What is the Derivative of f(x)/g(x)?
The derivative of the quotient of two functions, f(x)/g(x), is expressed using the quotient rule. It is represented as d/dx [f(x)/g(x)], and the formula is [f'(x)g(x) - f(x)g'(x)] / [g(x)]².
This indicates that the function f(x)/g(x) is differentiable where g(x) ≠ 0. The key concepts are mentioned below:
Quotient Rule: The rule for differentiating the quotient of two functions.
Product and Chain Rules: These are essential for deriving the quotient rule.
Derivative of f(x)/g(x) Formula
The derivative of f(x)/g(x) is denoted as d/dx [f(x)/g(x)].
The formula is: d/dx [f(x)/g(x)] = [f'(x)g(x) - f(x)g'(x)] / [g(x)]² The formula applies to all x where g(x) ≠ 0.
Proofs of the Derivative of f(x)/g(x)
To derive the derivative of f(x)/g(x), we can use several methods, such as:
By Using the First Principles
- Using the Chain Rule
- Using the Product Rule
We will demonstrate the differentiation of f(x)/g(x) using these methods: By First Principles The derivative can be proved using the First Principle, which expresses the derivative as the limit of the difference quotient. Consider f(x)/g(x). Its derivative can be expressed as: f'(x) = limₕ→₀ [(f(x + h)/g(x + h)) - (f(x)/g(x))] / h By simplifying and using the limit laws, we arrive at the quotient rule.
Using Chain Rule
When f(x) = u and g(x) = v, we can express the quotient as u/v and use the chain rule: d/dx [u/v] = (v * du/dx - u * dv/dx) / v²
Using Product Rule
Express the quotient as a product, f(x) * (1/g(x)), and apply the product rule.

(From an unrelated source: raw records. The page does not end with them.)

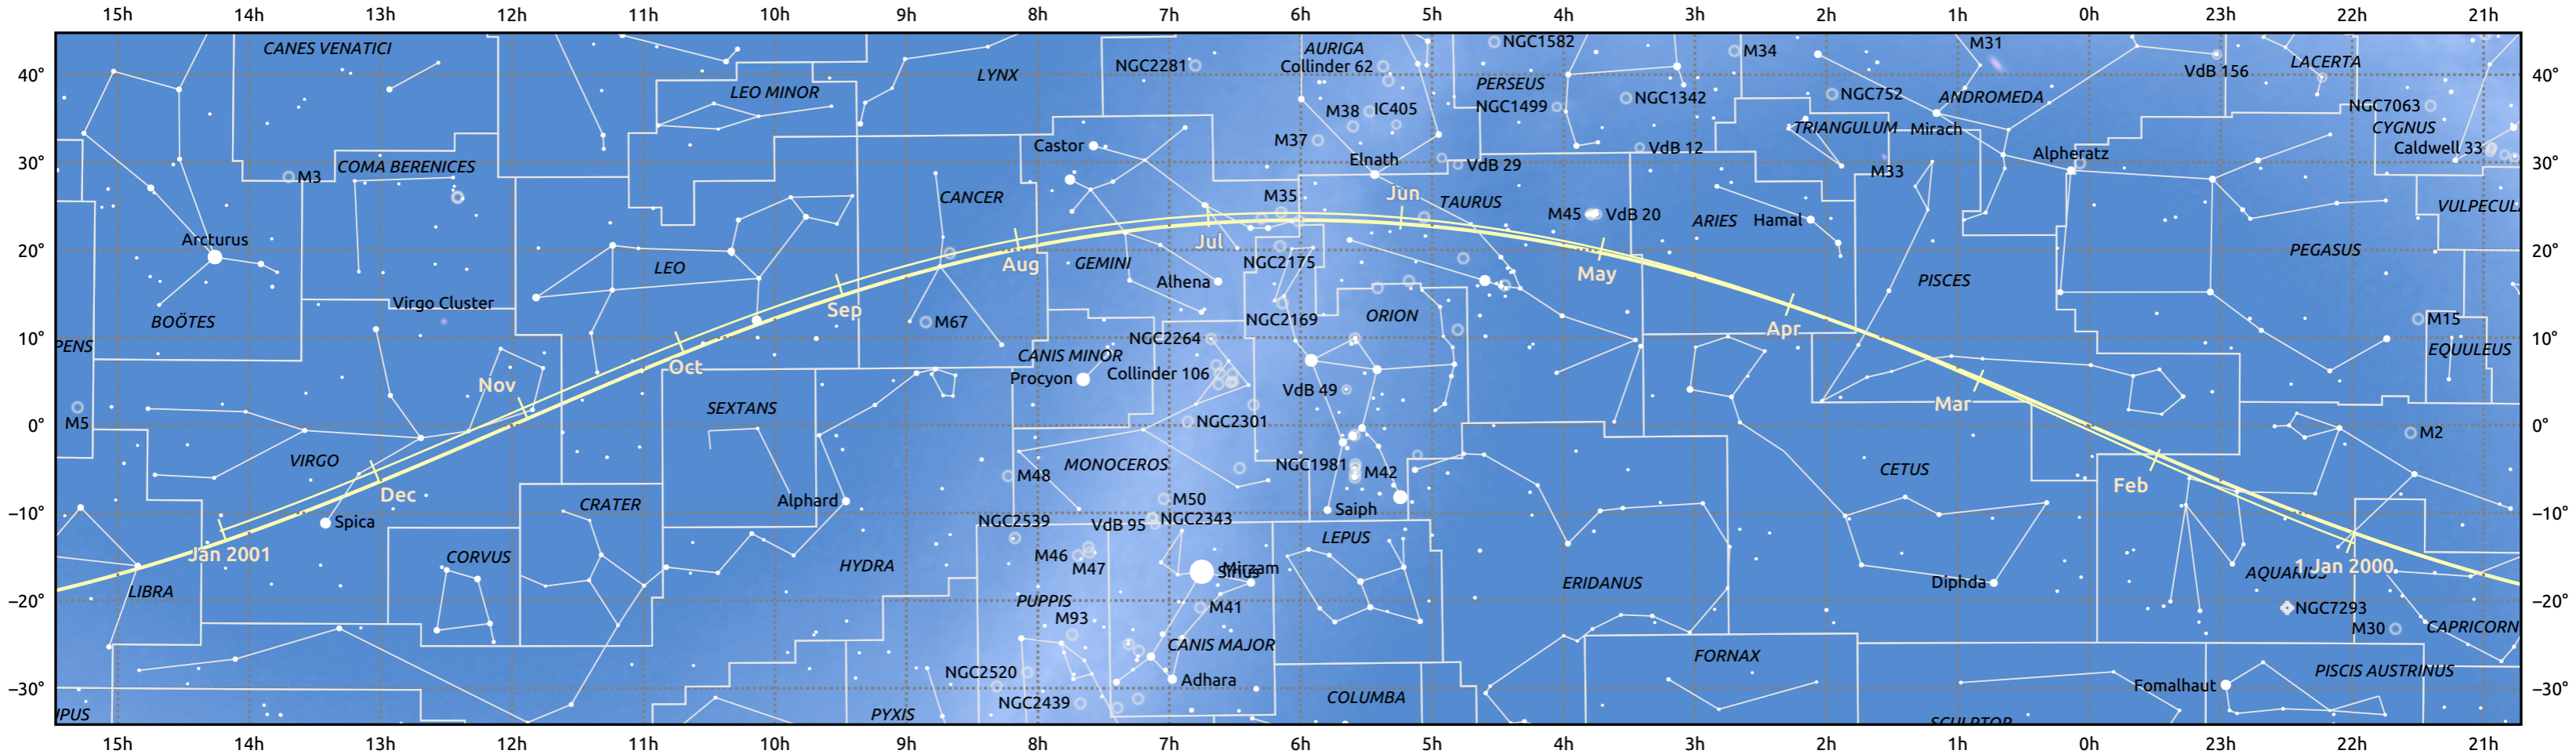

The path of Mars in 2000

© Dominic Ford 2011–2025. Date markers placed at midnight UTC. Downloaded from <https://in-the-sky.org>

Magnitude scale: 5.0 4.0 3.0 2.0 1.0 0.0 -1.0 -2.0

Ecliptic Plane

Galaxy Bright nebula Open cluster Globular cluster Planetary nebula

Date	Mag	Phase	Angular size
2000 Jan 1	1.0	93%	5.1"
2000 Apr 1	1.4	98%	4.0"
2000 Jul 1	1.6	100%	3.6"
2000 Oct 1	1.8	98%	3.8"
2001 Jan 1	1.4	92%	5.2"
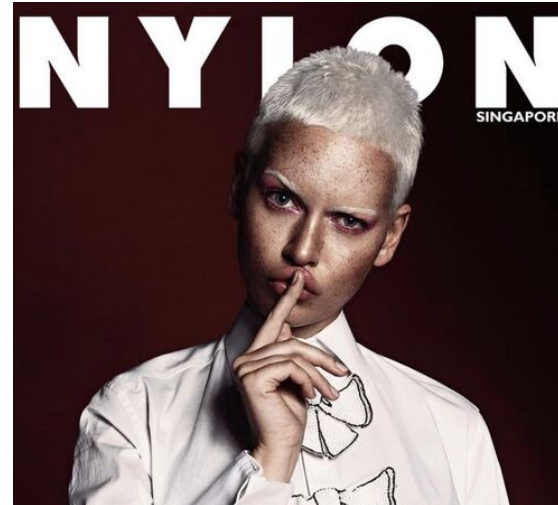

height	172	bust	83	dress	34/36
hair	lightblonde	waist	65	bra	c70
eyes	lightblue	hips	93	shoes	37,5

inga klaassen

tune models

+ 49 171 990 94 32

mail@tune-models.com

tune-models.com

#tunefamily
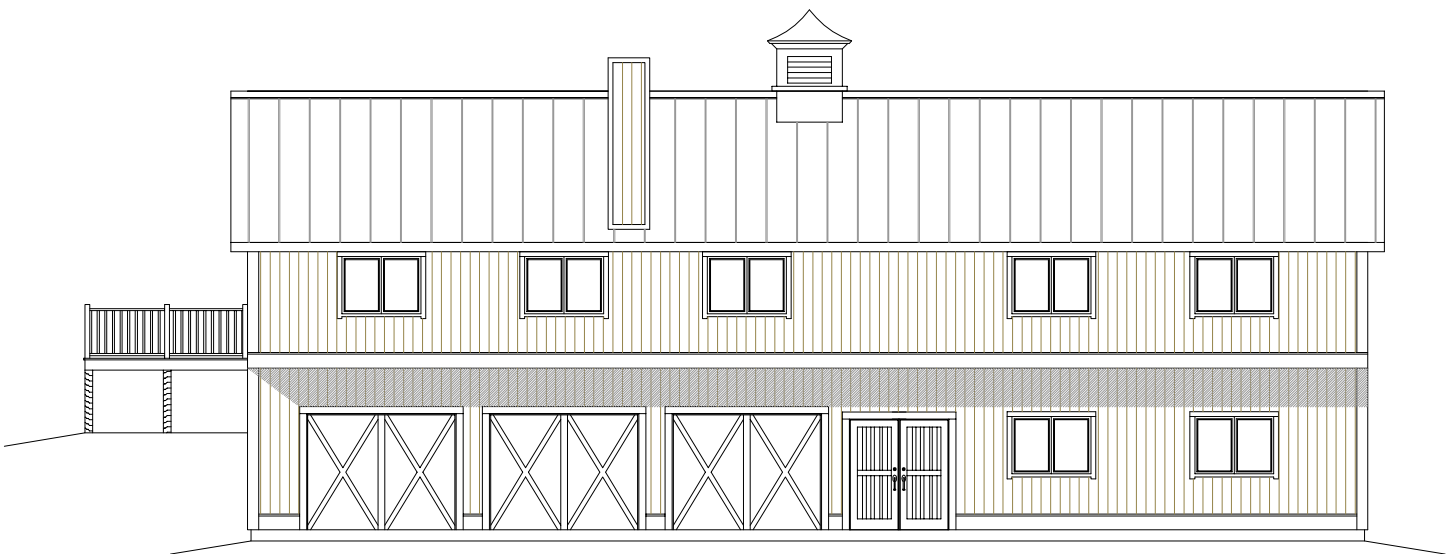

Living Room End Elevation

2579 SF—Contract #00062

©Copyright 2003 by Yankee Barn Homes, Inc.

All rights reserved.

Entry Side Elevation

www.yankeebarnhomes.com

1-800-258-9786
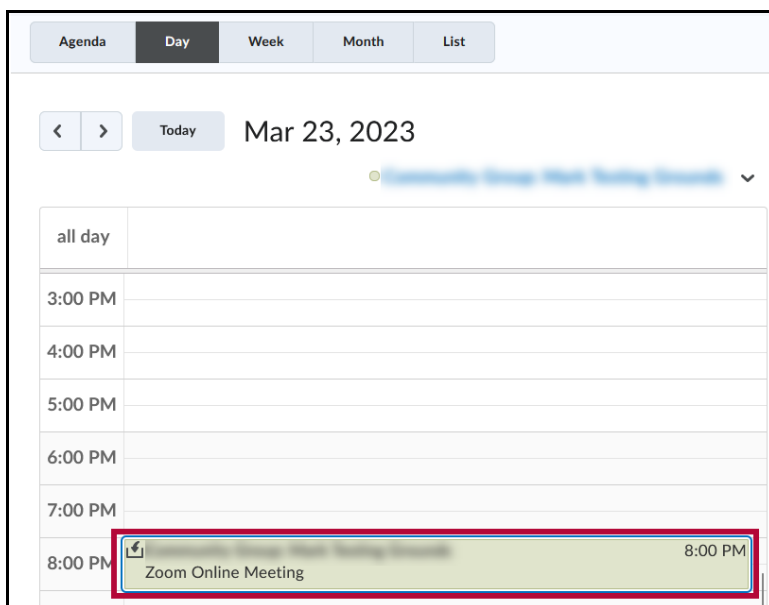

Join a Zoom Meeting in your Course

1. You can navigate to the Zoom meetings page either through the **Zoom Quicklink** or via **Content** if your Instructor has posted a Content link.
 - If using the **Quicklink**, navigate in your course to **[Collaboration]**, and then click **[Zoom Meetings]**.

- If navigating via a **Content** link, go to **[Content]** and then look for the **Module** in which your Instructor has placed the link. Click the **[Module Name]**, and then **[Zoom]**.

2. Once you've opened **Zoom** using either method, you should be taken to Zoom Meetings **Home**. Click the **[Upcoming Meetings]** tab. Here you should see any upcoming Zoom meetings scheduled by your Instructor, including the meeting **Start Time, Topic, and Meeting ID**. Click **[Join]** to join a meeting.

View a Zoom Meeting in the Calendar

1. When an Instructor creates a Zoom Meeting in D2L, it will also appear in the **Course Calendar**. See [D2L Course Calendar Basics](https://vlac.lonestar.edu/help/d2l-course-calendar-basics) (<https://vlac.lonestar.edu/help/d2l-course-calendar-basics>) for how to access and navigate your course's Calendar in D2L. Once you have found the Zoom Meeting link in the Course Calendar, you can join the meeting from that link. First, click the **[Meeting Link]**.
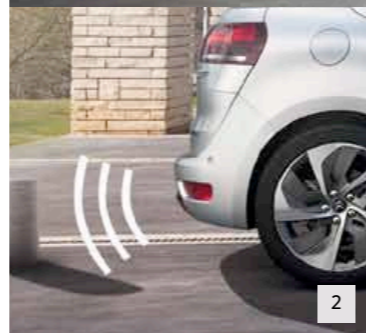

SAFETY - TAKE PLEASURE IN TAKING CARE

Protected and safe. The well being of yourself and your passengers is more important than anything else. The New Citroën C4 Picasso is already very well protected, but Citroën accessories can make it your very own well protected place.

NO.	PRODUCT NAME	PART NO.	NO.	PRODUCT NAME	PART NO.
1.	Front Parking Sensors - 4 Rear Sensors	9690 01	5.	Warning Triangle & Safety Vest	9468 30
2.	Rear Parking Sensors - 4 Rear Sensors	9452 95	6.	Locking Wheel Bolt Kit - Aluminium	9607 R4
	Rear Parking Sensors - Integral Aerial	9452 71		Locking Wheel Bolt Kit - Steel	1606922580
3.	Pet Safety Cage - 40 x 30 x 30cm	1607076080	7.	Citroën 'Kiddy Comfort Pro' Child Seat (For children 9-36kg)	1606604580
	Pet Safety Cage - 60 x 42 x 42cm	1607076180	8.	Anti-Theft Alarm	Please consult your dealer
	Pet Safety Collar Attachment	1607075980	9.	Dog Guard	1609640980
4.	Snow Chains & Snow Socks	Please consult your dealer			

1

2

3

4

5

7

8

6

9

Higher-Order Derivatives of f(x)/g(x)
Higher-order derivatives are obtained by repeatedly differentiating a given function. These derivatives can provide deeper insights into the behavior of functions like f(x)/g(x).
For a first derivative, we write f′(x), indicating the rate of change. The second derivative, f′′(x), is obtained from the first derivative and indicates how the rate of change itself changes. This process continues for third derivatives, f′′′(x), and so on.
Special Cases
When g(x) = 0, the derivative is undefined because the function has a vertical asymptote there.
When f(x) = 0, the derivative simplifies because the numerator of the derivative formula becomes zero.
Common Mistakes and How to Avoid Them in Derivatives of f(x)/g(x)
Students often make mistakes when differentiating f(x)/g(x). These mistakes can be resolved by understanding the correct solutions. Here are a few common mistakes and how to solve them:
Mistake 1
Not Simplifying the Expression
Students may forget to simplify the expression, leading to incomplete or incorrect results. They often skip steps, especially when using the product or chain rule.
Ensure each step is written in sequence to avoid errors.
Mistake 2
Forgetting Undefined Points
Students might not remember that the function is undefined at points where g(x) = 0.
Always consider the domain of the function being differentiated.
Mistake 3
Incorrect Use of the Quotient Rule
Students might misapply the quotient rule. For example: Incorrect differentiation: d/dx [f(x)/g(x)] = f'(x)/g'(x).
Correct: d/dx [f(x)/g(x)] = [f'(x)g(x) - f(x)g'(x)] / [g(x)]². To avoid this mistake, carefully apply the quotient rule formula.
Mistake 4
Not Considering Constants and Coefficients
Students sometimes forget to account for constants preceding f(x) or g(x). For example, incorrectly writing d/dx [5f(x)/g(x)] = 5[f'(x)g(x) - f(x)g'(x)]/g(x)².
Ensure constants are correctly multiplied.
Mistake 5
Ignoring the Chain Rule
Students often neglect the chain rule, especially when differentiating functions with inner functions.
For example, d/dx [f(2x)/g(x)] should be handled by considering the derivative of the inner function.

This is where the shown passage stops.